While some incubators will look for “techie” products to invest in, the founder of Chinese incubator TriBeluga said she looks at the leaders of start-ups to decide whether to invest hundreds of thousands of dollars in the fledgling firms.
“I will see the leader, then the team, and the last thing is the product,” TriBeluga president Lili Luo said.
And the trust building is done over a meal.
“For example, for people who like to eat spicy food, their character is usually not very soft.

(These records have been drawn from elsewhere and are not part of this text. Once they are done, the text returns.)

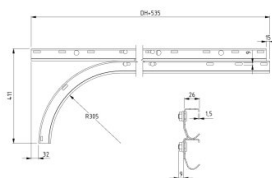

430017-3250

Guide orizzontali diritte HOME imbullonate H=3250

Unità	Paio
Scatola	25
Pallet	50
Peso (kg)	18,44

Descrizione del prodotto

Guide orizzontali diritte, imbullonate.

Informazioni tecniche

Versione

Tipo di guide premontate Guide orizzontali diritte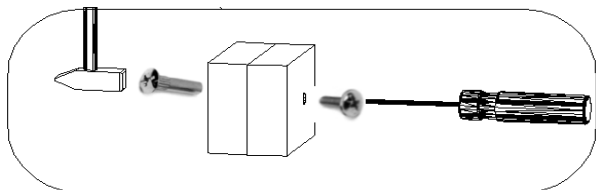

Mit $\varnothing$ 5mm Bohrer durchbohren

SCHRITT 8

SP01

SCHRITT 7

SCHRITT 9

Bitte die Korpuselement auf dem zusammengestellten
Unterschranke schieben!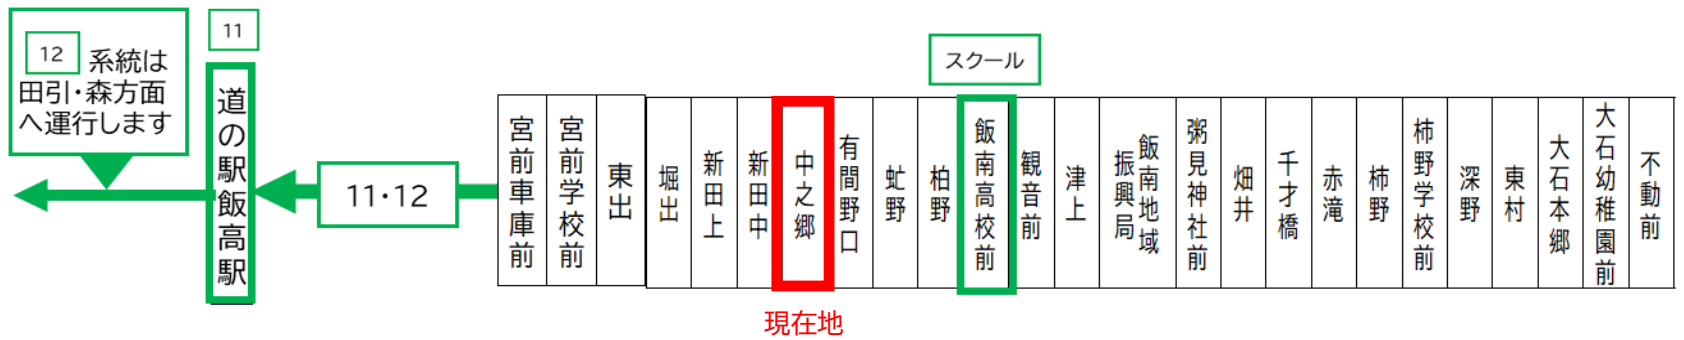

スマホ用

携帯用

時刻・運賃は三重交通HPへ

三重交通

検索

国道166号線雨量規制時の運行について

国道166号線において雨量規制による通行止めが行われた際は、**柿野~松阪駅・松阪高校前間の運行となります。**

お忘れ物・その他に関するお問い合わせ

三重交通 松阪営業所 TEL. 0598-51-5240

平日時刻表 (Weekdays)

行先 \ 時刻	8	9	10	11	12	13	14	15	16	17	18	19	20
【11】 道の駅飯高駅	16 48		08	11	46		16	06	01	00	30		43
【12】 道の駅飯高駅経由 スメール										50		50	

土休日時刻表 (Weekends)

行先 \ 時刻	8	9	10	11	12	13	14	15	16	17	18	19	20
【11】 道の駅飯高駅	14		26		21		51		06		30		43
【12】 道の駅飯高駅経由 スメール										20		45	

中之郷（松阪） 02のりば

8月13日～8月15日の間、および12月30日～1月4日の間は休日ダイヤで運行します。

路線図

ごあんない

バスの現在位置を確認できます

松阪地区
バスロケーションシステム

スマホから携帯から、
バスの接近情報を入手できます

※始発停留所では表示されません。
※コミュニティバスを除く

スマホ用 携帯用

時刻・運賃は三重交通HPへ 三重交通 検索

■ 国道166号線雨量規制時の運行について
国道166号線において雨量規制による通行止めが行われた際は、**柿野～松阪駅間の運行となります。**

■ バスをお待ちの際のお願い
発車時間が近づきましたら、**バス停のポール近く**でお待ちください。急停車による事故防止にご協力をお願いします。

■ お忘れ物・そのほかに関するお問い合わせ
三重交通 松阪営業所 TEL. 0598-51-5240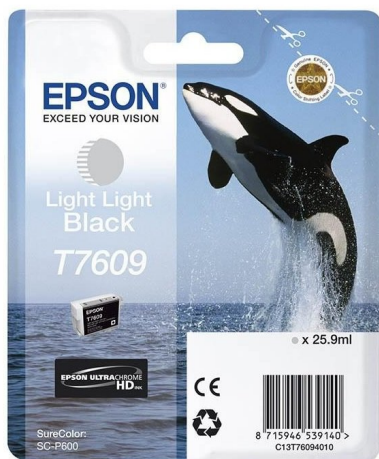

Jan Skopový (hw.ddfu.org)

hello@ddf.org

+420 731 533677

16.04.26 17:40:03

INKOUSTOVÁ NÁPLŇ EPSON T7609 SVĚTLE SVĚTLÁ ČERNÁ

Cena celkem:

713 Kč

(bez DPH: 589 Kč)

Záruka:

6 měs.

Stav:

Nové zboží

Popis

Epson T7609 světle světlá černá

Inkoustová náplň pro tiskárny Epson.

ZÁKLADNÍ SPECIFIKACE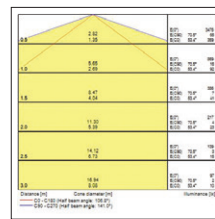

Données photométriques

SylProof ToLEDo 600 Simple

SylProof ToLEDo 600 Double

SylProof ToLEDo 1200 Simple

SylProof ToLEDo 1200 Double

SylProof ToLEDo 1500 Simple

SylProof ToLEDo 1500 Double

Dimensions (mm)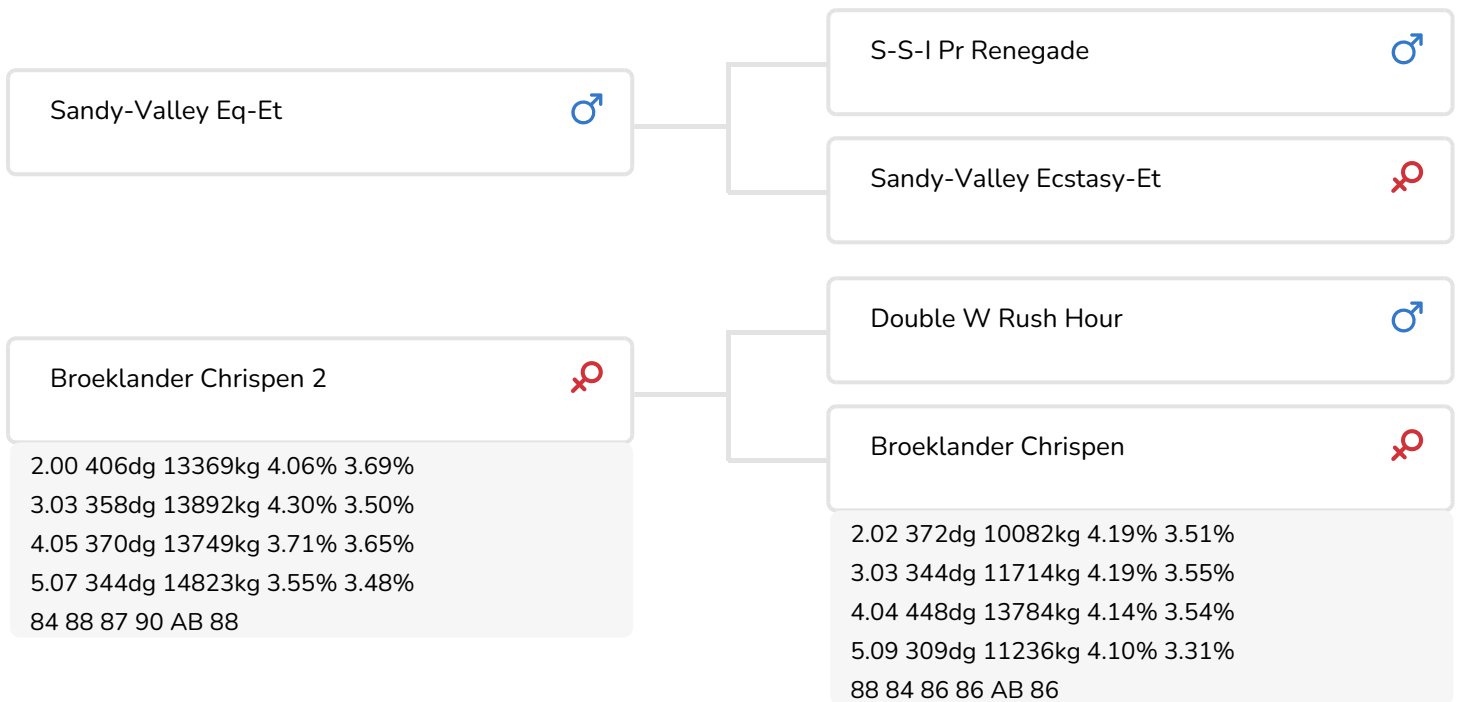

Broeklander Chrispen 2  
Moeder van Edjurre

## STIERINFO

Naam	Broeklander Edjurre	Geboortedatum	2023-12-02
Levensnummer	NL 596066839	Draagtijd	284
Stiercode	361355	Kappa caseïne	BB
PFW code	C	Beta caseïne	A1/A1
aAa code	342	Koe familie	Crimson
Kleur	ZB	Kleur rietje	Pistachegroen
Bloedvoering	100% HF		

Broeklander Edjurre stamt uit een familie die zijn oorsprong vindt in de U.S.A., namelijk de Larcrest Juror Chanel familie. Deze koe stond ook aan de basis van Larcrest Cosmopolitan en is tevens de stamkoe van de stieren Commander, Chevrolet en Fanatic. Ook de Global Cow winner van 2016, Larcrest Crimson EX 94, stamt uit deze familie.

Een wat recentere stier uit deze lijn is Checkmate, welke een halfbroer is van de grootmoeder van Edjurre. De Larcrest C-lijn kenmerkt zich met ruim gebouwde koeien en hoge producties, wat ook de koeien voor Edjurre duidelijk laten zien. Met behoud van conditie maken zij indrukwekkende lijsten. Zo maakte stiermoeder Chrispen 2 in haar vierde lactatie een lijst van ruim 14.500 kg melk met 3,50 eiwit. Edjurre is een stier met breedtematen en beste benen.

They like adventure,” she said, admitting that she also likes spicy food a lot.
“The most important thing is how we get along together, and how the chemistry is sparked at the scene … [only then can] we work on mutual ground and accomplish mutual goals,” Luo said.
“The leaders of Haebora and V touch, I believe in them,” she said, describing the bosses of the two South Korean start-ups in which Tribeluga has invested as sincere and energetic.
TriBeluga sees South Korea as the first step of its business expansion, as Luo said intellectual property rights (IPR) in China are not mature enough.
“Since President Xi Jinping took office, many regulations [regarding IPR] are already undergoing changes. It is such a big country with one billion-plus people, unlike Korea, with a population of 50 million who can change the rules very fast,” Luo said.
She also said that the products South Korean tech firms develop are more able to meet the needs and preferences of the Chinese population, as the lifestyles of Chinese and Koreans are similar.